One of the more popular sessions at this year's American College of Cardiology 62nd Annual Scientific Session and Expo featured a discussion on regulatory oversight and the need for better protection of patients' interests.
One of the more popular sessions at this year’s American College of Cardiology 62nd Annual Scientific Session and Expo featured a discussion on regulatory oversight and the need for better protection of patients’ interests. Among the speakers in this discussion was Robert G. Hauser, MD, FACC, who spoke about how the US Food and Drug Administration (FDA) and Congress are not doing enough to protect patients, as well as what he believes can and should be done to do so.

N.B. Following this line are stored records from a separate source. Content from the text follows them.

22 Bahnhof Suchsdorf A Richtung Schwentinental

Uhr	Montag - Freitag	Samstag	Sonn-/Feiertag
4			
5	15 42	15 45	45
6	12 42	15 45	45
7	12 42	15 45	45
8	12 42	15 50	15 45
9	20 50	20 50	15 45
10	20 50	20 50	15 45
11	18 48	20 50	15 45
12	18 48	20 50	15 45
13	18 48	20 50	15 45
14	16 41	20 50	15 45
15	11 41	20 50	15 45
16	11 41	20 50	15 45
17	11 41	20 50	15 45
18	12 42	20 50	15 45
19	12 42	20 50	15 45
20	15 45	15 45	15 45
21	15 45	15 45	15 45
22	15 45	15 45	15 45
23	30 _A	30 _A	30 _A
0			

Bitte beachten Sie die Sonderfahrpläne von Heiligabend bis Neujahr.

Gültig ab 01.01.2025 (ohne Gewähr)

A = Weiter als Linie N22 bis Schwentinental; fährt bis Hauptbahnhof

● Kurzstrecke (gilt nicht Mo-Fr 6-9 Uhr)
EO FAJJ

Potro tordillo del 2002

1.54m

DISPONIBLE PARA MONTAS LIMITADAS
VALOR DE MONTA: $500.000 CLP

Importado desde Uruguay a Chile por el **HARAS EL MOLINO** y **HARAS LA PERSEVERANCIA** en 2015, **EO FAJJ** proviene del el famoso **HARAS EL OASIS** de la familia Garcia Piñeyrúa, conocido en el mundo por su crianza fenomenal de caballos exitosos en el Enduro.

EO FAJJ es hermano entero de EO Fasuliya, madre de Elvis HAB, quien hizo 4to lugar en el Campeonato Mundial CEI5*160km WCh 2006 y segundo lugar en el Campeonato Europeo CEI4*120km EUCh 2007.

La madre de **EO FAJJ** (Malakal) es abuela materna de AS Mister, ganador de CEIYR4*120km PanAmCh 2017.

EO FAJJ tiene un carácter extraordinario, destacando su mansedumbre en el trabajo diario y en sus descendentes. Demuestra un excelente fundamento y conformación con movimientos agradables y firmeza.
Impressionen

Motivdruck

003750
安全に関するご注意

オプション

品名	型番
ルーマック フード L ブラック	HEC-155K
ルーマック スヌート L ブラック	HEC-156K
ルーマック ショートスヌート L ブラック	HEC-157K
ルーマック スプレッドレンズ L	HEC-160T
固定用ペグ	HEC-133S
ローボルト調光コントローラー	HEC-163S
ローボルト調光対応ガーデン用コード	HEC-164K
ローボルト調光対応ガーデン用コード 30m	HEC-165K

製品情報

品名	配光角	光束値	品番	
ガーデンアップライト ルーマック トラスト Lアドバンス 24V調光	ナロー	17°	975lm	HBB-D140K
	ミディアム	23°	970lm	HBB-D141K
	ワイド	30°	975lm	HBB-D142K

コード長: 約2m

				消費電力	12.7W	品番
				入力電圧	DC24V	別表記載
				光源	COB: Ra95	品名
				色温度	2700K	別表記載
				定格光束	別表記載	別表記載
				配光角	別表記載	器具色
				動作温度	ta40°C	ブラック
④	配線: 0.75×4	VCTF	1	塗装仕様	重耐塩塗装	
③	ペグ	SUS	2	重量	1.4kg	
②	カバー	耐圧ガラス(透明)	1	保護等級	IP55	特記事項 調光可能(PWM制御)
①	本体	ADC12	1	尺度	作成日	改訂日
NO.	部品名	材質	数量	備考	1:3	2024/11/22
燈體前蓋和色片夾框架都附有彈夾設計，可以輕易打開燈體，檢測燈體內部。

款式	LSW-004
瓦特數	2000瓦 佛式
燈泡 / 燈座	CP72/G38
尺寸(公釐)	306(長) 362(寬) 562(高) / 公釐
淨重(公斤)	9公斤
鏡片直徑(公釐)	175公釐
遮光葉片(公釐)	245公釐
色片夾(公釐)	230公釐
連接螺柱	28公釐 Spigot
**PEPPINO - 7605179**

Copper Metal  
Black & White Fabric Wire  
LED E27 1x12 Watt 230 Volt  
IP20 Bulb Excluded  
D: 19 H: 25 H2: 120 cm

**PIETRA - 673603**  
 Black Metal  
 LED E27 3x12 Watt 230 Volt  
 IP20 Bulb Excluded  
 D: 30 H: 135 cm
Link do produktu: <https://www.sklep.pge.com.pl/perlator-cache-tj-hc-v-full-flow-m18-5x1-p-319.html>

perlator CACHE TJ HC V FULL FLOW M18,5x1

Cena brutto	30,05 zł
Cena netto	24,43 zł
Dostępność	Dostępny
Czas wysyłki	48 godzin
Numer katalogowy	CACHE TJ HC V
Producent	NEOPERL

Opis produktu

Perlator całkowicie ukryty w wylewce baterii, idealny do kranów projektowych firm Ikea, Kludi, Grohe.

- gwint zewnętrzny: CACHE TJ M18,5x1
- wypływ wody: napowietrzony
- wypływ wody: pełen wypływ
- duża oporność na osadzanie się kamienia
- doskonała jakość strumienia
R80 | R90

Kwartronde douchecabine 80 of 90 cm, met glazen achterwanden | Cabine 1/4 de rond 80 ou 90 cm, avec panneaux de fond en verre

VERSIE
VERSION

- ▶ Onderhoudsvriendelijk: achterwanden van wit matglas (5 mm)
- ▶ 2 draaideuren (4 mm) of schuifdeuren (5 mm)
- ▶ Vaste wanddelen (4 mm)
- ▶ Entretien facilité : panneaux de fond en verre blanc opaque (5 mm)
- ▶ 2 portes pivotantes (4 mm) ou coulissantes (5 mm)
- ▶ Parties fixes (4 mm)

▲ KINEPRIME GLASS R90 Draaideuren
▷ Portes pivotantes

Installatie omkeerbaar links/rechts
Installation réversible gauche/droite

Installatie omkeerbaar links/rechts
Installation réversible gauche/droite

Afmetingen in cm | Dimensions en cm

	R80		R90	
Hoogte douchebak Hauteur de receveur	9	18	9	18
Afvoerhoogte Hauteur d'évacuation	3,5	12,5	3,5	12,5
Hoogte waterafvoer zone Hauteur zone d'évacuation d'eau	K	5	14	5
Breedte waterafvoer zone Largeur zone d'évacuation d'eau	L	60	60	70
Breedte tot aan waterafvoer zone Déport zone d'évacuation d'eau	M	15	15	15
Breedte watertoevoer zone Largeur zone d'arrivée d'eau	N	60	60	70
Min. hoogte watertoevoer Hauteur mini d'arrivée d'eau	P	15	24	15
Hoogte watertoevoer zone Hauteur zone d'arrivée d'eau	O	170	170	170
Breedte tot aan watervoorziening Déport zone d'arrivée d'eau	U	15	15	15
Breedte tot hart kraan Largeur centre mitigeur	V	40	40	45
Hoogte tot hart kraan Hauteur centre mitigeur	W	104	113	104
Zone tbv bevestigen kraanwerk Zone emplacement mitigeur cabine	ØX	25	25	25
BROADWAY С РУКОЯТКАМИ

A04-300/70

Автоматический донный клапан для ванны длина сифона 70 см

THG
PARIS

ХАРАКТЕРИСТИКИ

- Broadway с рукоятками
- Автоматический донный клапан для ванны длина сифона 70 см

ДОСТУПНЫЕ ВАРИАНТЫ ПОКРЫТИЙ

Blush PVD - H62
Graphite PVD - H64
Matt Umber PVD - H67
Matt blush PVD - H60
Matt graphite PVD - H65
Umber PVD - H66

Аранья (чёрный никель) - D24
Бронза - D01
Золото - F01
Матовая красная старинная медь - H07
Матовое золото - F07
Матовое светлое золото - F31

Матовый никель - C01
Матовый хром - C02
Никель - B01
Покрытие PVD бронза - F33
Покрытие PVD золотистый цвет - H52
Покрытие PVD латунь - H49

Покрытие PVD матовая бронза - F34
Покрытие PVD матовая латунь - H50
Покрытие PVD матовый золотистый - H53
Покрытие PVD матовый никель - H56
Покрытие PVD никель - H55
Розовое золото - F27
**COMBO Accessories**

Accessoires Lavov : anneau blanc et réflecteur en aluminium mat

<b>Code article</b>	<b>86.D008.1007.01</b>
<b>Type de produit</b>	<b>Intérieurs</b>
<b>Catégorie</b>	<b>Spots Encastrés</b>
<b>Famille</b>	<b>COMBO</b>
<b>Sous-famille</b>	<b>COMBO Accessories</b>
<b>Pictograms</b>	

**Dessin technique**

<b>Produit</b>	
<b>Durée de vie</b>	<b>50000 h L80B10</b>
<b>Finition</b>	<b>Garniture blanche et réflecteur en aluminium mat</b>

Dr Hauser began his presentation by rattling off 3 essential components to protecting patients:
Unfortunately, the FDA and Congress have both failed to deliver the types of approval processes, post-marketing surveillance, and recall management that Dr Hauser described. Major problems still exist in the area of post-marketing surveillance, according to Dr Hauser. While this process is supposed to enhance public health by reducing the amount of adverse events due to drugs or medical devices, the fact is that, despite multiple recalls in recent years (and some tragic events), patients in the United States continue to be exposed to hazardous drugs and defective or underperforming devices after they have been approved by the FDA. Dr Hauser illustrated this point by featuring a slide of drugs and devices—including rofecoxib (Vioxx), Sprint Fidelis (ICD lead), rosiglitazone (Avandia), and others—that were FDA approved at one point but then removed from the market (often times 5 or more years later) due to adverse events, such as strokes and fractures. Why does this happen? “Because the FDA is a passive regulator,” says Dr Hauser, who also points out that none of the 3510 medical device recalls from 2005 to 2009 were mandated by the FDA. In some cases, recalls took place after a product had been removed from the market, meaning that manufacturers set the patient safety agenda.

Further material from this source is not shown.